--- START ---

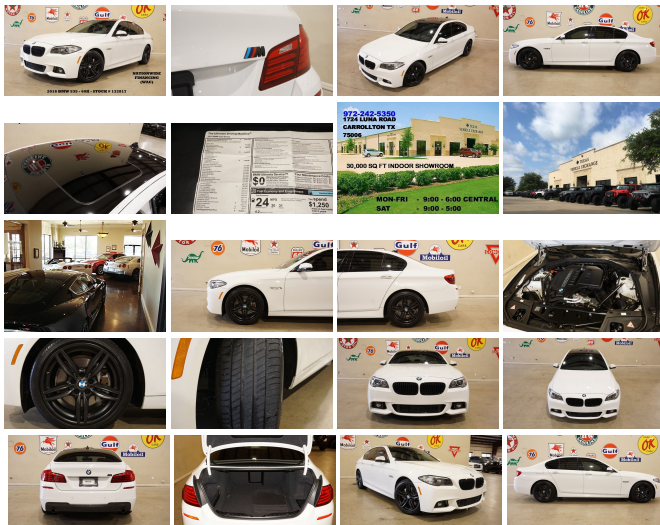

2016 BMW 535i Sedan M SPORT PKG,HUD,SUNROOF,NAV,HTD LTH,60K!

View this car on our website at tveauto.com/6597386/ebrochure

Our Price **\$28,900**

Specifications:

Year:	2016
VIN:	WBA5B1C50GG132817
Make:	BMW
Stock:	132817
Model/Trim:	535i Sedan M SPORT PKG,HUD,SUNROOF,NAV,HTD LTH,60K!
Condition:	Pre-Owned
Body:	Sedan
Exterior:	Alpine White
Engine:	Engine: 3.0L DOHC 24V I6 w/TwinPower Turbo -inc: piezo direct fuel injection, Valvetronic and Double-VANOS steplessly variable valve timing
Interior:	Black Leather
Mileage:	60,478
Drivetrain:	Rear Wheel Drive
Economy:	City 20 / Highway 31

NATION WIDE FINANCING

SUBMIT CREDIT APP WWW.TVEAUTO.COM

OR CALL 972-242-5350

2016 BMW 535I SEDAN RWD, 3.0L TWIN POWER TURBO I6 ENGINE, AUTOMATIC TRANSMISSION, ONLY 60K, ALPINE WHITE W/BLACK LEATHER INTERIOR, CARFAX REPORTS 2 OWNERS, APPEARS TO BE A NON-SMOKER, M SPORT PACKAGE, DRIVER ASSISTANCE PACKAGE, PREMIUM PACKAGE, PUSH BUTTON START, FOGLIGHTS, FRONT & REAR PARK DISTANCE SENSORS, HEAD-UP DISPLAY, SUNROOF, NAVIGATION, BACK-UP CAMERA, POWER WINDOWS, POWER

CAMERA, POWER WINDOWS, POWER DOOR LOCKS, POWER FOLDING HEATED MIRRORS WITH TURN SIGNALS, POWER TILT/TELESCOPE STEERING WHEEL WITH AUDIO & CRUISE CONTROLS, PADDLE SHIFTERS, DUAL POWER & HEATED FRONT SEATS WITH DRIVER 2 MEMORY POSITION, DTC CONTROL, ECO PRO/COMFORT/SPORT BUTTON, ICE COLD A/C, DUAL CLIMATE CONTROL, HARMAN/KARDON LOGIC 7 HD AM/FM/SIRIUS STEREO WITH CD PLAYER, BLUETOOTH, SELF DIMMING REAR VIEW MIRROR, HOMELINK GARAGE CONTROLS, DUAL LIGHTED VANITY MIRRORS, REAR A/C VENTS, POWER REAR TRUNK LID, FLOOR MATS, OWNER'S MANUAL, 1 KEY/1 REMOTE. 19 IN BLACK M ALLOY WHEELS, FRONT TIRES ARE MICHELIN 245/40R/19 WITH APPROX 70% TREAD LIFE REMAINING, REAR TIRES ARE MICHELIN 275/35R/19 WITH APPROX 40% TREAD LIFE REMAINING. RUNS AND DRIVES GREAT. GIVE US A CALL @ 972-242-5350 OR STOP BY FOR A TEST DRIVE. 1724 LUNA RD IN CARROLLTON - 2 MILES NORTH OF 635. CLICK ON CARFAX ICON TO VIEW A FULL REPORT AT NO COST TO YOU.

--- END ---

• What you need to do: Everything from the first line of the entries above through the line with "variable valve timing" should be duplicated exactly, except the pictures.

• Task solution:
2016 BMW 535i Sedan M SPORT PKG,HUD,SUNROOF,NAV,HTD LTH,60K!

View this car on our website at tveauto.com/6597386/ebrochure

Our Price **\$28,900**

Specifications:

Year:	2016
VIN:	WBA5B1C50GG132817
Make:	BMW
Stock:	132817
Model/Trim:	535i Sedan M SPORT PKG,HUD,SUNROOF,NAV,HTD LTH,60K!
Condition:	Pre-Owned
Body:	Sedan
Exterior:	Alpine White
Engine:	Engine: 3.0L DOHC 24V I6 w/TwinPower Turbo -inc: piezo direct fuel injection, Valvetronic and Double-VANOS steplessly variable valve timing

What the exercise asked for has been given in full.